MCFT-CNN: Malware classification with fine-tune convolution neural networks using traditional and transfer learning in Internet of Things

Abstract

With ever-increasing, internet-connected devices provide an opportunity to fulfil the attacker’s malicious intention. They use malicious programs to compromise the devices and use them to infect others also. The security researchers are straggling to develop a technique that detects all the malware accurately because of the use of invincible techniques in the development of malware such as strong encryption, obfuscation, polymorphic and metamorphic engine.
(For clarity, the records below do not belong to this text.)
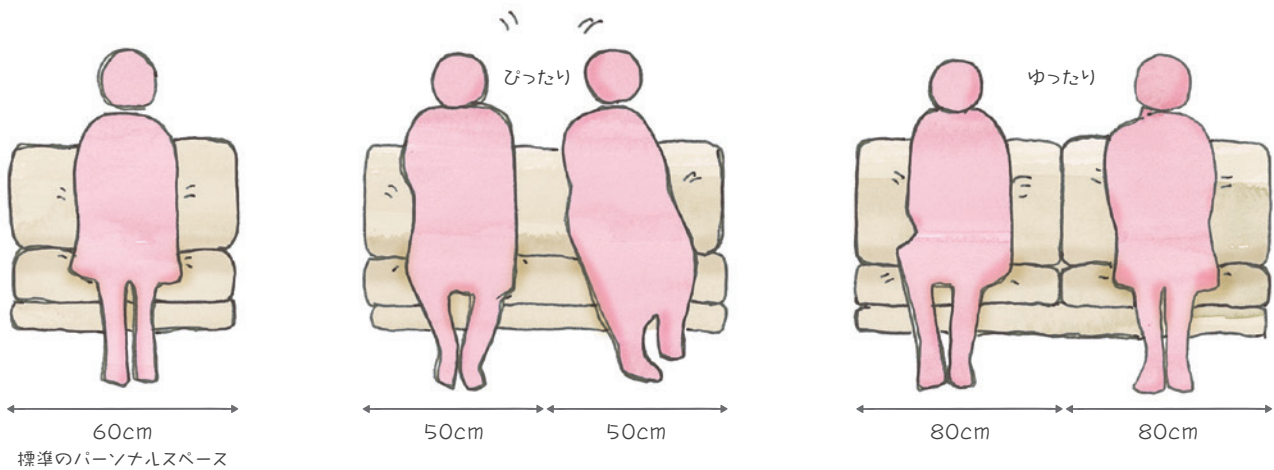

## ソファサイズの選び方

アコードソファでは○人掛けというサイズの言い方はしません。

それは二人掛けと言ってもゆったり座るのか、コンパクトに座るのかにより、同じ二人掛けでもお客様によって適したサイズが異なるからです。ソファのサイズを決めるときに一番大事なことは、お部屋に合うサイズかどうかですがその次に大事なことは座る部分の大きさです。

座面の大きさによって、隣の人との距離感が決まってきます。一つの目安として参考にしてください。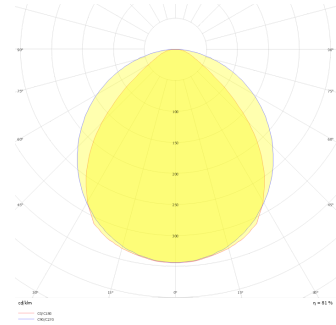

Grilliato

GRL 015 004 011B 8040 10 99 OP 20 00

Sıva Altı Konsept Tavan Armatür

Armatür Grubu	Konsept Tavan
Montaj Tipi	Sıva Altı
Armatür Rengi	RAL 9005 - RAL 9010
Gövde	Alüminyum Dkp Sac
Optik	Opal Difüzör
Işık Kaynağı	LED
Elektriksel Koruma Sınıfı	CLASS II
Çalışma Sıcaklığı	-20°C / +40°C
Işık Akısı	990
Tüketim Gücü	11
Armatür Verimliliği	90 lm/W
Renksel Geri Verim (CRI)	>80
Işık Renk Sıcaklığı (CCT)	2700K/3000K/4000K/6500K
Renk Toleransı	< 3 SDCM
Driver Tipi	On/Off
Driver Markası	Tridonic
LED Markası	Samsung
Giriş Gerilimi / Frekans	220-240 V AC 50/60 Hz
Güç Faktörü	>0.9
Surge	1kV
THD (AKIM)	>%20
LED ömrü	>100.000 saat
Opsiyon	On-Off / Dali / 1-10V / Acil Durum Kitli

Teknik Çizim

Fotometrik Eğri

Sipariş Kodu	Ürün Kodu	Güç (W)	Işık Akısı (LM)	CRI	CCT (K)	Optik	Ölçüler (mm)
	GRL 015 004 011B 8040 10 99 OP 20 00	11	990	>80	4000	180° Opal Difüzör	154x154x69

www.atelaydinlatma.com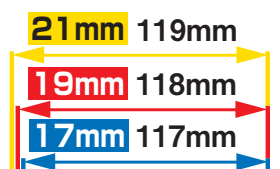

インパクト用ショートソケット

NEW 狭い箇所や奥まった箇所での作業に!!
極短ソケットが新発売

17mm

19mm

21mm

全長が短い!!

差込角
12.7 mm
1/2"
6角

4NV-17SS

4NV-19SS

4NV-21SS

TONE インパクトレンチ
AI4200 取付例

インパクト用ショートソケット

NEW
NEW
NEW

製品番号	二面幅 寸法 (mm)	寸法 (mm)					質量	メーカー希望 小売価格
		S	D1	D2	L1	L		
4NV-17SS	17	26	26	7	25.5	59.0	¥2,200	
4NV-19SS	19	29	28	8	26.5	76.0	¥2,400	
4NV-21SS	21	31	28	9	27.5	81.5	¥2,600

In this context, this paper proposes a novel malware classification with fine-tune convolution neural networks (MCFT-CNN) model. The MCFT-CNN model detects the unknown malware sample without feature engineering and prior knowledge of binary code analysis or reverse engineering, even the advanced evading techniques used to develop the malware. The model uses deep transfer learning to classify the malware images to their respective malware families. The proposed model enhances the ResNet50 model by altering the last layer with a fully connected dense layer. The output of fully connected dense layer and knowledge of ImageNet model are supplied to softmax layer for malware classification. The model is trained with MalImg malware datasets. The proposed model reported 99.18% accuracy and 5.14ms prediction time. The model also shows consistent performance with a relatively larger dataset (Microsoft malware challenge dataset, approximately 500GB) with 98.63% accuracy and 5.15ms prediction time. The proposed model shows consistent efficacy with two benchmark datasets that clarify the model’s generalisability to perform on the diverse datasets.